For an individual patient, the framework produces a structured explanation stating how each PSA measurement and each genomic score component contributed to the predicted metastasis hazard at specified time horizons, such as "Your PSA value of 2.1 ng/mL at month 12 contributed +15% to your predicted 2-year metastasis risk, while your Decipher score of 0.65 contributed +30%." These attributions enable clinicians to identify whether hazard is driven by rapid PSA kinetics, high genomic risk, or unfavorable combinations thereof, and the baseline reference (zero PSA, median genomic score) makes the direction and magnitude of each contribution interpretable [25].

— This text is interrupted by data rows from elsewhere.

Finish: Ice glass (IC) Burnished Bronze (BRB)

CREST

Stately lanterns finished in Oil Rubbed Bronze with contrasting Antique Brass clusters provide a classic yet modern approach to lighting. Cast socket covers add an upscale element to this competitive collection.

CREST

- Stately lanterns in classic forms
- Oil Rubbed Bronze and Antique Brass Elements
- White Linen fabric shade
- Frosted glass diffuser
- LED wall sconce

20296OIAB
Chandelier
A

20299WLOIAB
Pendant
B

Across a patient cohort, the framework aggregates attribution scores to identify which PSA time points and which genomic markers are most informative for metastasis prediction on average, revealing that PSA velocity during months 6 to 18 post-treatment may be more prognostic than any single absolute PSA value. Population-level analysis can also compare attribution patterns between risk groups, showing that genomic scores dominate predictions for intermediate-risk patients while PSA kinetics dominate for high-risk patients, or vice versa [26]. These patterns can guide clinical understanding of how different prognostic factors operate across disease stages and inform the design of simplified risk scores for settings where full deep learning deployment is infeasible.
Actionable explanations directly inform treatment decisions by identifying modifiable or monitorable drivers of risk; for example, if the framework attributes high 2-year metastasis risk primarily to a PSA doubling time of less than three months, the clinician may escalate from semi-annual to quarterly PSA monitoring, initiate salvage radiation, or add a brief course of androgen deprivation therapy. Conversely, if high risk is attributed almost entirely to an elevated genomic score with stable PSA kinetics, the focus may shift toward systemic therapy rather than local salvage interventions, as the genomic risk reflects intrinsic tumor biology less responsive to local treatment [27]. The explanation format is designed to be readable at the point of care, requiring no specialized data science training.

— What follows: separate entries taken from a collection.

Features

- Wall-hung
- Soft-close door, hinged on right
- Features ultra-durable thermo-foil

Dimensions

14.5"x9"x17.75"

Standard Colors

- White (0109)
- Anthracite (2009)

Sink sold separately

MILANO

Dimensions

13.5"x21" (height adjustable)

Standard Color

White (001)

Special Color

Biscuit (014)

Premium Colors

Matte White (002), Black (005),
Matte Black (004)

Clinician trust in the framework depends fundamentally on the plausibility and consistency of its explanations: when the model attributes high 2-year metastasis risk to rapidly rising PSA (PSA doubling time less than three months) within the first year after radical prostatectomy, this aligns perfectly with established clinical knowledge that biochemical recurrence with short doubling time strongly predicts subsequent metastatic progression. Conversely, when the model attributes high risk to a single low PSA value while ignoring a clearly rising trend over multiple measurements, such contradictions would rightly prompt model skepticism and potential clinician override, creating a natural verification mechanism where clinical expertise serves as a check on model behavior rather than blind acceptance of its outputs [28].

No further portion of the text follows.